As we approach the Australian summer, we are also getting closer to another potentially devastating bushfire season. The upcoming fire season will be unlike any before as it takes place during a global pandemic. Australia has a lot to learn from the problems facing California, as they battle serious bushfires while still heavily accosted by the Coronavirus. Hundreds of fires are raging across California. The fires have destroyed more than a thousand homes and non-residential buildings and at least seven people have lost their lives. California, with a similarly flammable landscape to Australia, helps us foresee what is to come. It demonstrates how the threat of fires is intensified by the pandemic and vice versa. As the Australian summer approaches, in a country still recovering the losses from last summer’s fires, there is a lot to learn from the situation currently facing California.
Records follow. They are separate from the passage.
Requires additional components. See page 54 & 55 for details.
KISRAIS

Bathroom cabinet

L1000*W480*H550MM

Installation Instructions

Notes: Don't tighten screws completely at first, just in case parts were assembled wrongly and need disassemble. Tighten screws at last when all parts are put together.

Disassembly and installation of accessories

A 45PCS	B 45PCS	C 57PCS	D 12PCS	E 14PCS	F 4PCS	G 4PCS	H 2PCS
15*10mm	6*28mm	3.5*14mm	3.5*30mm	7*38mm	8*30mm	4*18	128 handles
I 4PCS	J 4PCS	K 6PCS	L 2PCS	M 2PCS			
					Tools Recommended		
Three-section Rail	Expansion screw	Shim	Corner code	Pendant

In California, incarcerated labourers with an hourly rate of $2 USD and promises of reduced sentences, are an important firefighting resource. However, this year many convicts are unavailable following various severe Coronavirus outbreaks in prisons. Other, non-incarcerated firefighters are exposed to the added risk of contracting the virus as they work and often live in close proximity of each other. This in turn could lead them to unintentionally bringing the virus back home to close family and friends. Moreover, the exposure to the smoke from bushfires put firefighter at risk of worsening the COVID-symptoms and its consequences. These are concerns to be taken seriously in relation to the Australian firefighting response. During last summer’s fires, the Australia government was heavily critiqued for their lack of financial compensation for the large volume of volunteer firefighters making up Australia’s bushfire response. In the coming weeks, the Australian Fire and Emergency Services need to reflect on its bushfire response to minimising the adverse impact of the virus.
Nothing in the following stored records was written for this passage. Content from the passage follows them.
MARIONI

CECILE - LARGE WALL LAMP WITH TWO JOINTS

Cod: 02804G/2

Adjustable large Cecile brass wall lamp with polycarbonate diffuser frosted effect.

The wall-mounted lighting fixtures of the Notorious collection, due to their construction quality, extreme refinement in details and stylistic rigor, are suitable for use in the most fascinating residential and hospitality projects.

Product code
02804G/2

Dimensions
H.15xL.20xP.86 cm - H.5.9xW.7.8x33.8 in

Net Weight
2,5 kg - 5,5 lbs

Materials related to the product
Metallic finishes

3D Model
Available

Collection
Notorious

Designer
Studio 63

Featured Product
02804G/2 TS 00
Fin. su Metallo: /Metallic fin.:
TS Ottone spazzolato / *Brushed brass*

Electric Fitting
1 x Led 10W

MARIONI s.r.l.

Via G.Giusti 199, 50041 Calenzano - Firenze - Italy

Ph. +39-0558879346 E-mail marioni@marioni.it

Also, the virus brings with it some added difficulties surrounding evacuation. Over a hundred thousand people have had to evacuate around California, leaving their homes to escape the deadly fires. It is crucial that Australia review their evacuation procedures. How will people be evacuated and where will they be given emergency shelter to prevent the virus to spread? This, I argue, requires particular attention in view of the recent hotel quarantine failure in Victoria, which caused the state’s deadly ‘second wave’ of infections. The Australian government should carefully consider the most appropriate evacuation procedures and how to support people that lose their homes temporarily or more long-term.
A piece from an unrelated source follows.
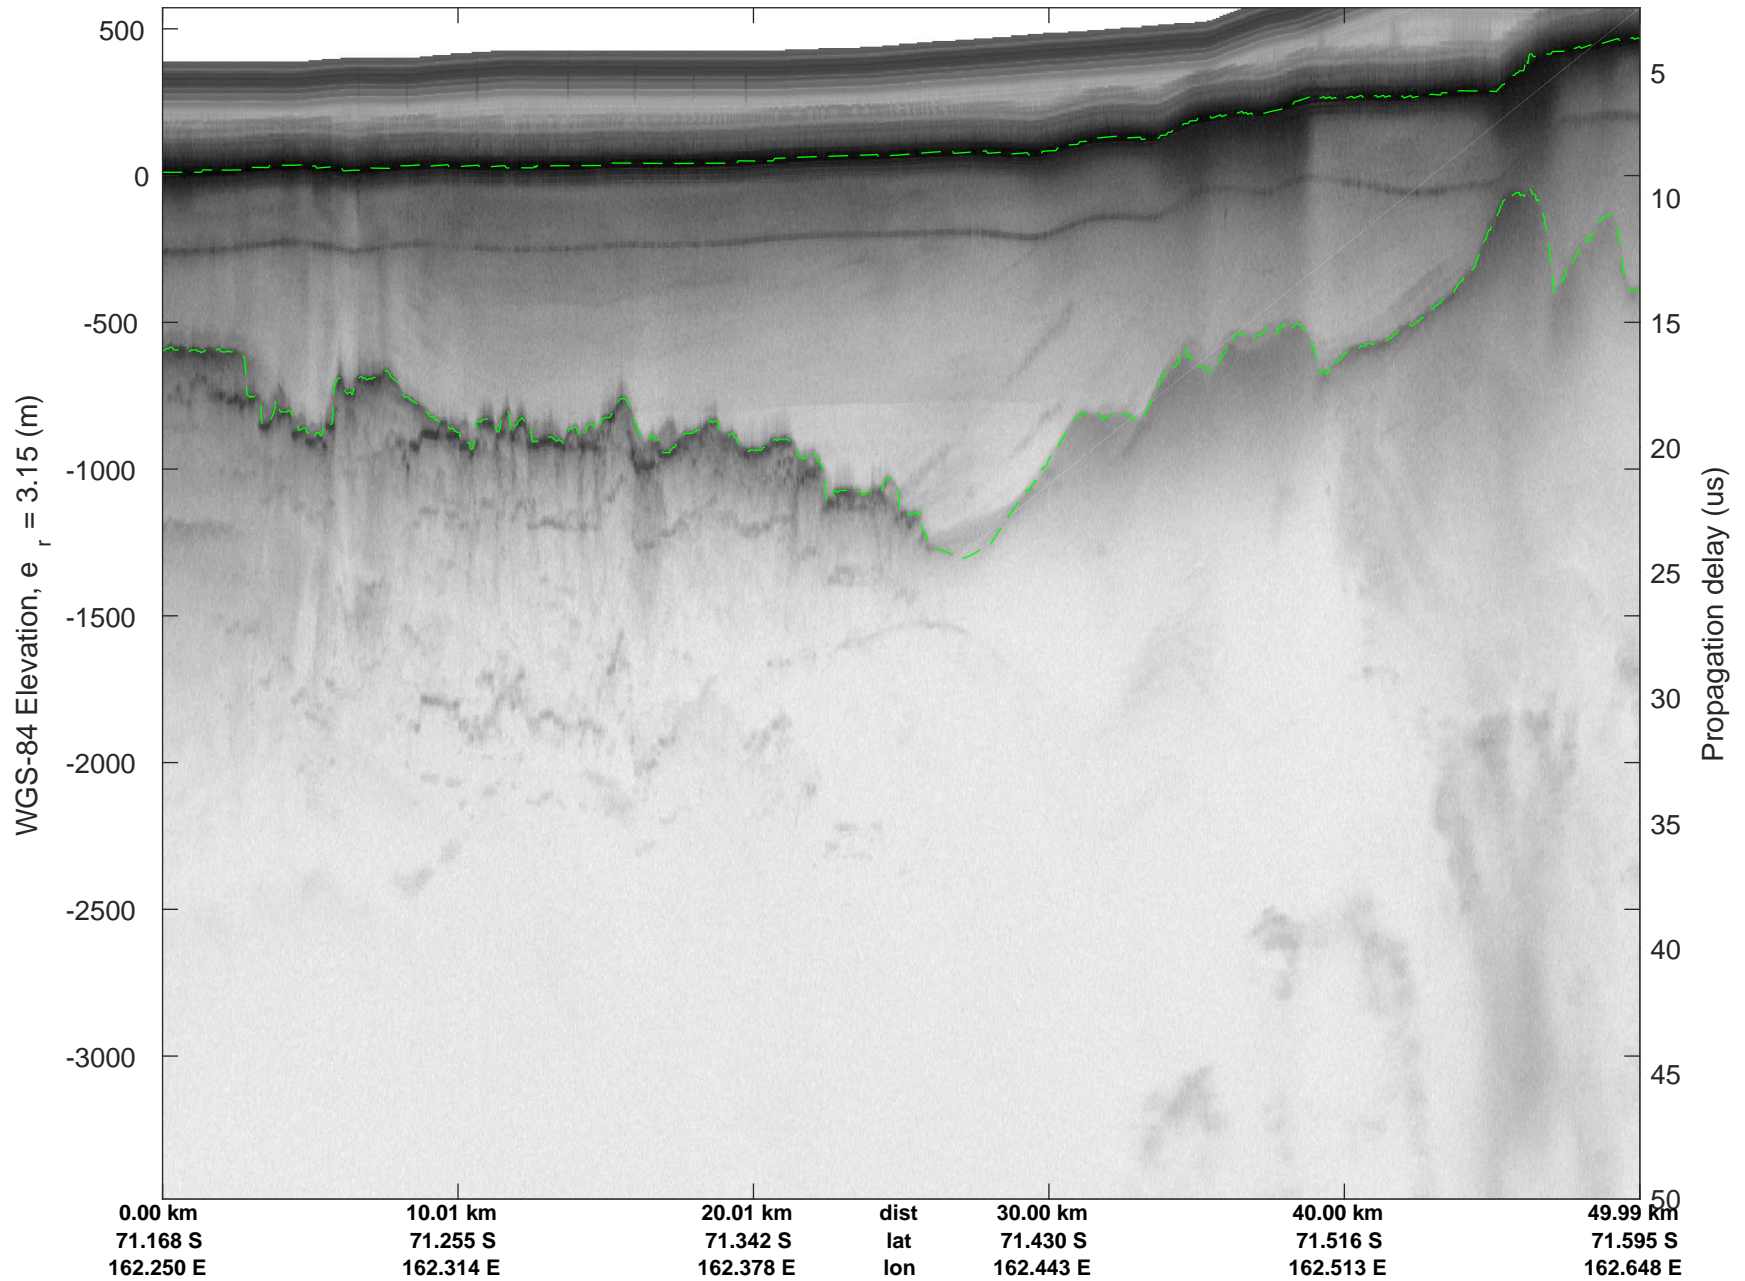

rds 2019\_Antarctica\_GV: "Rennick 01" 20191103\_01\_011: 02:45:20.6 to 02:52:05.5 GPS

rds 2019\_Antarctica\_GV: "Rennick 01" 20191103\_01\_012: 02:52:05.6 to 02:58:53.2 GPS

rds 2019\_Antarctica\_GV: "Rennick 01" 20191103\_01\_012: 02:52:05.6 to 02:58:53.2 GPS

Finally, prisoners are vulnerable in a pandemic, due to the large number of people forced together in small spaces. Due to their restricted movements, they are also vulnerable to disasters such as bushfires. In California, incarcerated people were suffering as the fires approached. Although the areas around the prison had been evacuated, the prisoners were left in-place. They lack the authority to evacuate and were left breading the toxic smoke. For a prison system challenged by a pandemic that feeds off the proximity of bodies in confined spaces, bushfires represent an added threat. The Australian Corrections still have some time to prepare and should consider when and how a necessary evacuation should take place in order to avoid unnecessary harm to people in their care.
Although parts of Australia are currently in the midst of their bushfire season, the most flammable landscapes still have theirs to come. Judging from the early start to last year’s fire season, larger bushfires could be expected within the month and this year will be unlike any before. Among the added concerns are the exposure to toxic smoke from the fires, the risk of firefighters getting infected by the virus, mass evacuation and prisons. Thus far, we have been asked to stay home in order to remain safe from the pandemic. Leaving home is to expose ourselves and those we love to the virus. Severe fires will threaten some people’s access to that safe haven. Consequently, the Australian government needs to think through the implications of such loss and how to best get through the summer.